I Live With Lou Gehrig’s Disease—Here’s What I Want You to Know

Back in 2005, I started to notice something wasn’t quite right. As the athletic director for an education nonprofit in Albuquerque, New Mexico, part of my job involved raising funds for underfunded school programs. Every Monday, I would sit down to sign about 100 checks for these schools. Typically, this task was a breeze, but I began to struggle due to weakness in my hand.

After consulting my primary-care doctor, we initially thought the issue stemmed from an old neck injury from my football days. However, after an MRI showed no physical damage to my spinal cord or nerves, I carried on with my daily routine. But soon enough, I began experiencing weakness in my right arm and slurring in my speech.
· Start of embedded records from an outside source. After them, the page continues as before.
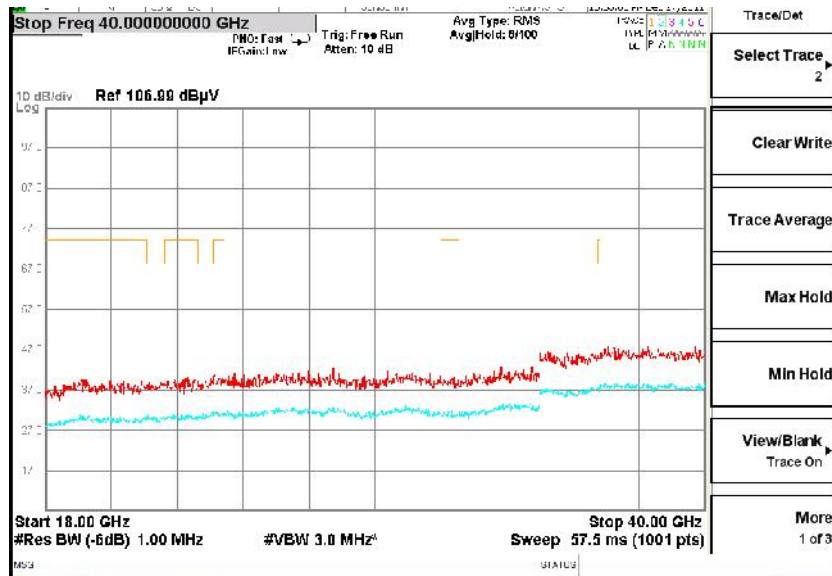

Full Spectrum

Frequency Range: 6GHz -18GHz
Detector: Av mode and PK mode
Test Mode: 802.11ax(HE80)

Frequency Range: 18GHz -40GHz
Detector: Av mode and PK mode
Test Mode: 802.11ax(HE80)

Carrier frequency (MHz): 5610
Channel No.:122

Frequency Range: 30MHz -1GHz
Detector: Av mode and PK mode
Test Mode: 802.11ac(VHT80)

Frequency Range: 1GHz -6GHz
Detector: Av mode and PK mode
Test Mode: 802.11ac(VHT80)

Full Spectrum

Frequency Range: 6GHz -18GHz
Detector: Av mode and PK mode
Test Mode: 802.11ac(VHT80)

Frequency Range: 18GHz -40GHz
Detector: Av mode and PK mode
Test Mode: 802.11ac(VHT80)

Full Spectrum

Frequency Range: 30MHz -1GHz
Detector: Av mode and PK mode
Test Mode: 802.11ax(HE80)

Frequency Range: 1GHz -6GHz
Detector: Av mode and PK mode
Test Mode: 802.11ax(HE80)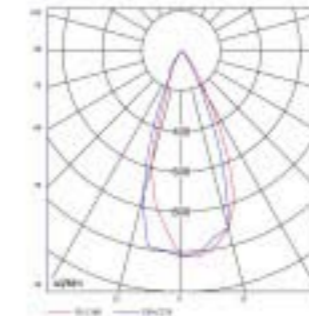

Color: WH

mm

NDL654PA

NDL654PB

NDL654PA

NDL654PB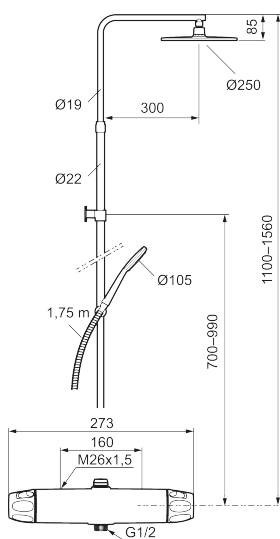

## 9000XE head shower kit

9000XE head shower kit is a head shower kit in brushed chrome.

The telescopic shower bar allows the wall bracket's height to be adapted to the specific bathroom's ceiling height, as well as to the user's height and/or the preferred distance to the shower head.

**Article number:** 86830003 **Flow 3 bar:** 7.6 l/m

**Description:** Brushed chrome, 160 c/c

### Unique characteristics

Backflow protection unit type **EB**

- Note! 160 c/c
- Safety mixer 9000XE and head shower set 9000XE
- With reversible headwork
- Anti lime-scale head- and hand shower
- Shower bar with slider and wall bracket with sealing
- Shower pipe can be shortened if required
- Wall bracket freely adjustable in height, 700–990 from connection and 50–100 mm from wall, 2x20 mm spacers included, with sealing, hidden pipe joint
- Lead Free material

NO.	FMM NO.	RSK	DESCRIPTION
9	S600112	8920116	Nipple M18x1
10	59800800	8592005	Inlet connectors, 160 c/c
11	38632006	8590311	Filter
12	S600105	8439713	Care-handle, black, 2 pcs
13	S600092	8237548	Shower head, chrome
13	S600092.75	8237550	Shower head, brushed chrome
14	S600091	8233001	Hand shower, chrome
14	S600091.75	8233003	Hand shower, brushed chrome
15	S600093	8239502	Slider, chrome
15	S600093.75	8284780	Slider, brushed chrome
16	S600109	8252036	Shower hose, chrome
16	S600109.75	8252038	Shower hose, brushed chrome
17	S600094	8221921	Wall bracket, chrome
17	S600094.75	8221923	Wall bracket, brushed chrome
18	60770000	8591918	Service tool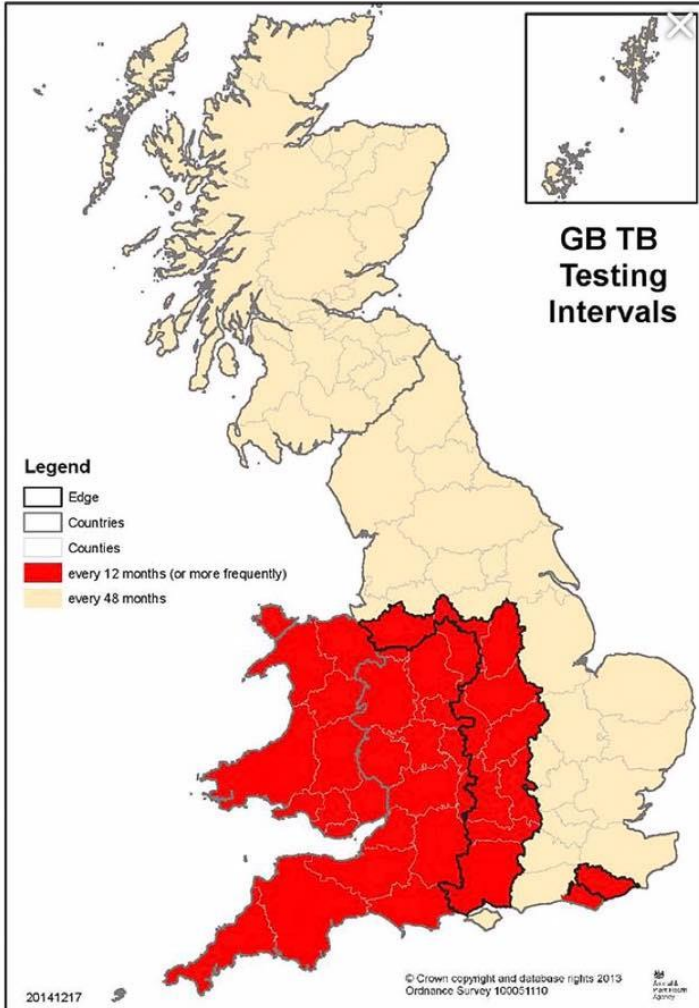

TB Rules in Wales

Since the 1st October, 2017, there have been changes to the TB rules. Please see the Welsh Government website for guidance.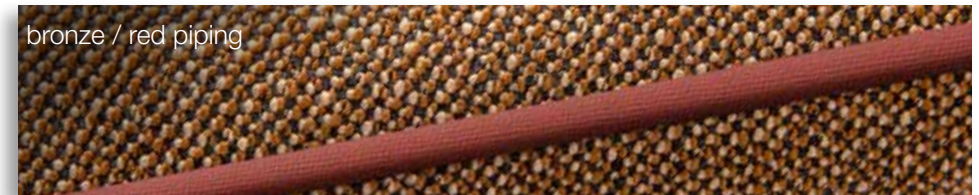

OPTIONS for Dehler 34, 38SQ, 42 & 46

Mix and match as you wish: All upholstery can be matched with the following piping colours: blue, red, black, silver and gold.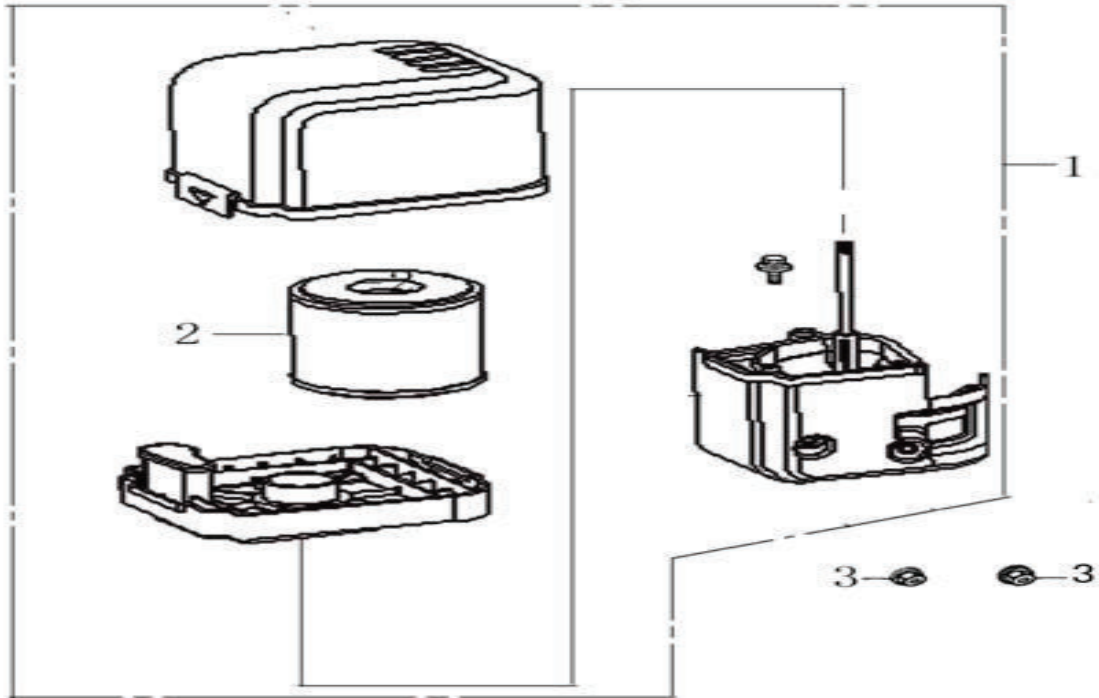

Air Cleaner

ITEM	PART NO.	QTY.	DESCRIPTION
1	0K10450140	1	AIR CLEANER ASSY
2	0K10450141	1	ELEMENT, AIR CLEANER
3	0G84420272	2	NUT, FLANGE, M6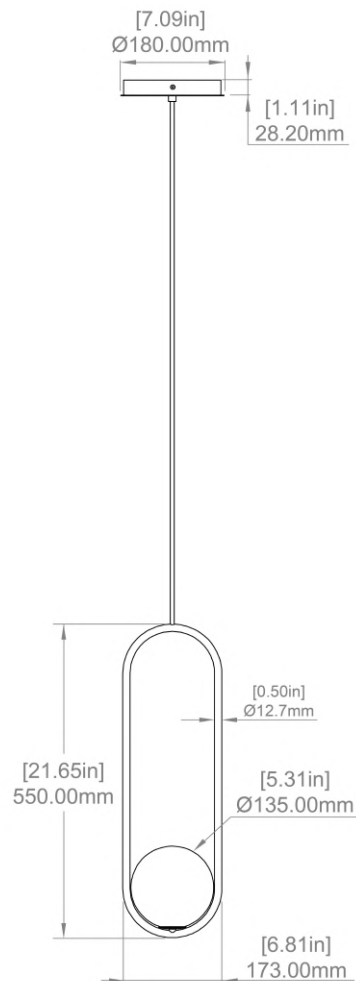

CANOPY

180mm (7.09") diameter
 28mm (1.11") depth
 Brushed brass, silk black, white
 RAL9003
 Round

CABLE MEASURE

3m (10 ft) standard adjustable
 22GA x 2 cable with kevlar grounding
 cable

CERTIFICATION

CUSTOM OPTIONS

MATERIALS

Brass plated steel
 Glass

CABLE MEASURE

3m (10 ft) standard adjustable
 22GA x 2 cable with kevlar grounding
 cable

LAMPING

COB LED 350-700mA (Replaceable)
 3W
 320 lumens
 2700K
 CRI > 90
 0-10V, 1-10V, PUSH, PWM
 50,000 lifetime hours

CANOPY

180mm (7.09") diameter
 28mm (1.11") depth
 Brushed brass, silk black, white
 RAL9003
 Round

STANDARD FINISHES

Image shown: Mila 7 C1 invert, brushed brass finish with white canopy.

MILA 5 STANDARD C1

Extended cable length (10m) upon
request
Design configuration support
available

Please inquire for pricing and lead time.

STANDARD FINISHES

Image shown: Mila 5 C1 standard, brushed brass finish with white canopy.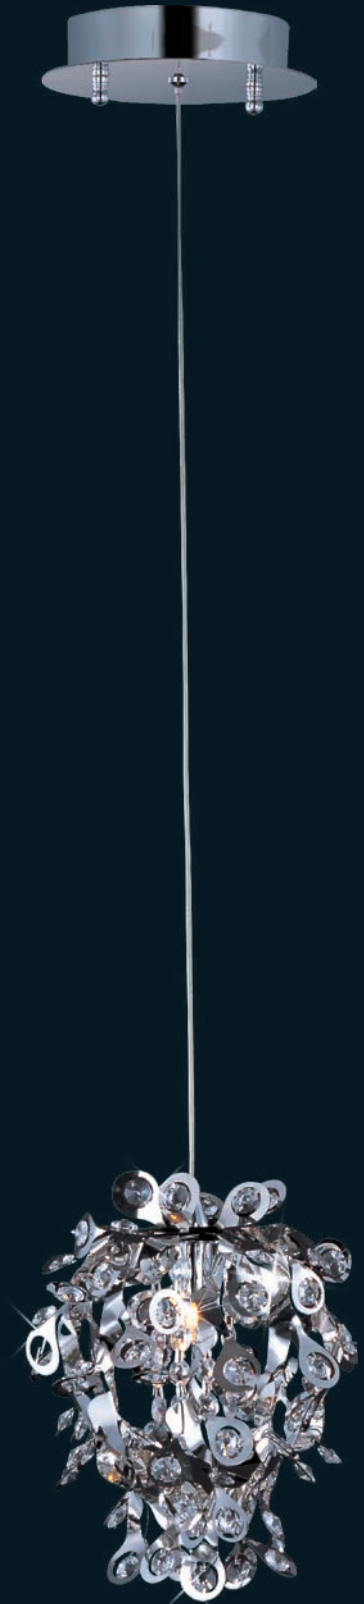

94200BCPC
1-Light Mini Pendant
Polished Chrome
8"W x 9.75"H x 130"OAH
1 x 40w G9 Bulb (Included)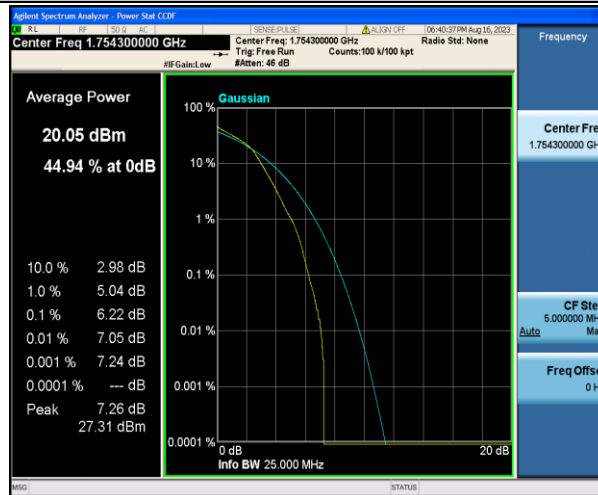

Band4-1.4MHz-QPSK-20393-6RB#0-PASS

Band4-1.4MHz-16QAM-20393-6RB#0-PASS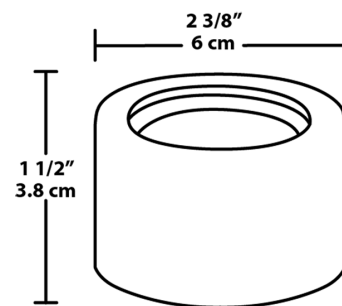

LSLFLEDA

LED LFLOOD Accessories

Color: Bronze

Weight: 0.3 lbs

Technical Specifications

UL Listing:

Suitable for wet locations. Suitable for mounting within 1.2m (4ft) of the ground.

Lens:

Microprismatic diffusion lens for smooth and even light distribution.

NEMA Type:

Fixture has 2H x 2V Beam Spread with spot kit.

Housing:

Precision die-cast aluminum.

Finish:

Chip and fade resistant polyester powder coat finish.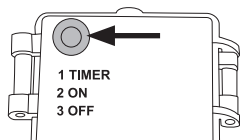

Instructions for use

1. Open the battery holder and insert 3 × AA/LR6 batteries (sold separately). Refer to the markings in the battery compartment to ensure correct polarity.
2. Close the cover.

Timer

1. Pressing in the button once will switch the LED figure on for 6 hours. The LED figure will then switch off for 18 hours before coming back on again automatically for 6 hours, and so on in a continuous cycle.
2. Pressing in the button twice will switch the LED figure on continuously.
3. Pressing the button 3 times will switch the LED figure off.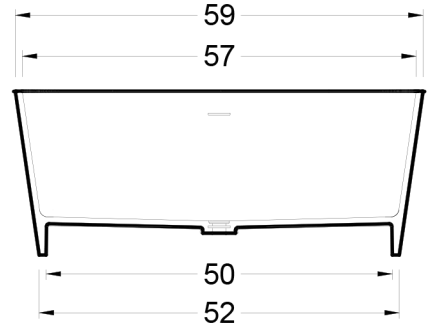

General Information

- The bath must be secured to the floor by applying a bead of silicone around the base (which can be cut in future should there be a need for access to the plumbing).
- Installation must be carried out according to the manufacturer instructions and local codes.

Always check www.americh.com for current specifications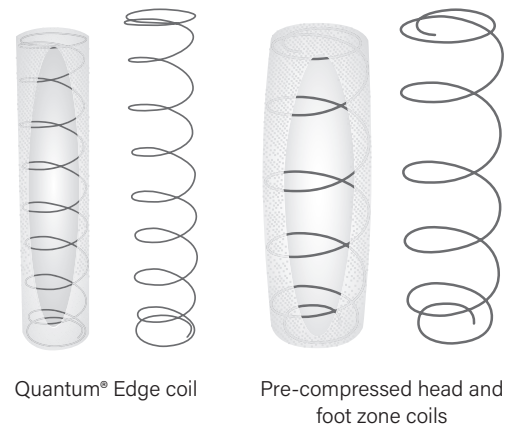

Framing our Bolsa® fabric-encased coil unit, this reinforced edge features Quantum® coil side rails with Caliber™ steel springs at the head and foot. It delivers a consistent sleep surface and reduces that roll-off feeling.

- **Quantum® Edge Coils** – A reinforced perimeter, made up of narrow-diameter Quantum® coils, that frames the sides, delivers a consistent sleep surface, and reduces that roll-off feeling.
- **Bolsa® Coils** – Provide an even surface that absorbs partner movement and prevents sleepers from rolling together.
- **Pre-Compressed Coils** – Create a firm surface that makes the unit more responsive to body movements.
- **Stress-Relieved Wire** – Holds its shape and provides a durable, consistent sleep surface.
- **Packable and Shippable** – Can be compressed, folded, and rolled.

Product Name	Coil Height	Coil Count*	Center ILD	Head/Foot ILD	Edge ILD
Quantum® Edge	6"	770	632	661	746
	8"	789	568	563	646

Sizes: Twin, Twin XL, Full, Queen*, King, Cal King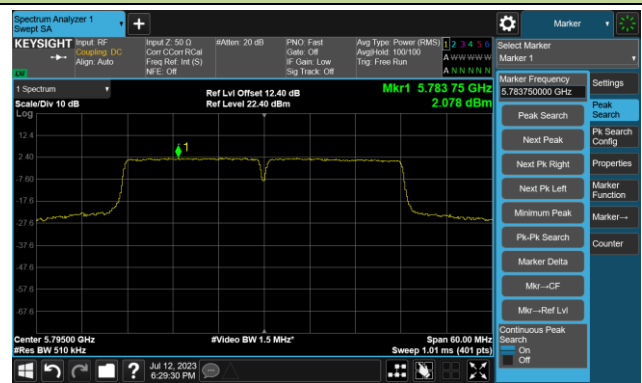

Channel 62 (5310MHz)

Channel 102 (5510MHz)

Channel 110 (5550MHz)

802.11ac-VHT40 Power Spectral Density- Ant 1

Channel 134 (5670MHz)

Channel 142(5710MHz)

Channel 151 (5755MHz)

Channel 159 (5795MHz)

802.11ac-VHT80 Power Spectral Density- Ant 1

Channel 42 (5210MHz)

Channel 58 (5290MHz)

Channel 106 (5530MHz)

Channel 122 (5610MHz)

Channel 138 (5690MHz)

Channel 155 (5775MHz)

802.11ax-HE20 Power Spectral Density- Ant 1

My doctor suggested I educate myself about amyotrophic lateral sclerosis (ALS), just in case, and referred me to an ALS clinic.

At 56 years old, in 2011, a neurologist confirmed the diagnosis of ALS after a series of tests. The news hit me like a ton of bricks. I had always been active, and the uncertainty of what lay ahead for me, my wife, and our children weighed heavily on my mind. Thoughts of setting up advance directives, writing a will, and clearing debts consumed me. I was so overwhelmed that I had to call my wife to come and take me home as I couldn’t drive.

Despite the grim prognosis of ALS, I count my blessings for the slow progression of the disease in my case. While the life expectancy post-symptoms onset is usually three to five years, I managed to continue working and driving for five years after my diagnosis. I joined a support group where I met fellow ALS warriors and gleaned insights from their journeys. By 2016, I had to rely on a cane and walker to navigate my surroundings.

In 2022, I learned about a treatment called RADICAVA ORS (edaravone) that might help slow the progression of ALS. After discussing the potential benefits and risks with my doctor, I decided to give it a shot. Clinical studies showed that RADICAVA helped slow physical function loss by 33% compared to a placebo. The most common side effects include bruising, walking difficulties, and headaches. Fatigue was reported in some patients taking RADICAVA ORS. It’s crucial to have an open dialogue with your healthcare provider about the treatment.

Living with ALS has drastically altered my lifestyle, but I refuse to let it dampen my spirits. At 69, I now rely on a power wheelchair, struggle with hand mobility, and have a weakened voice. I use a robotic feeder for meals and a feeding tube to ensure I get the necessary nutrients. With my wife as my primary caregiver, my children can lead normal lives.

On good days, I relish outings with friends or watching sports games at a local restaurant with my brother. The flexibility afforded by the oral treatment allows me to travel, and my wife and I are still planning RV trips and vacations. Despite the challenges, I’m slowly ticking off items on my bucket list of sports events and road trips.

Sharing my ALS journey brings me solace, hoping that others grappling with this disease can draw strength from my experiences, much like I did from my support group. Mitsubishi Tanabe Pharma America’s Share Your Story initiative provides a platform for those impacted by ALS to share their narratives and shed light on the significance of treatment with RADICAVA ORS.

Thirteen years post-diagnosis, I marvel at the fact that I’m still here, cherishing moments with my loved ones. My mantra is simple: take each day as it comes, focus on what truly matters, and relinquish control over the uncontrollable. Waking up each day, maximizing my limited abilities, and spending quality time with family and friends bring me immense joy.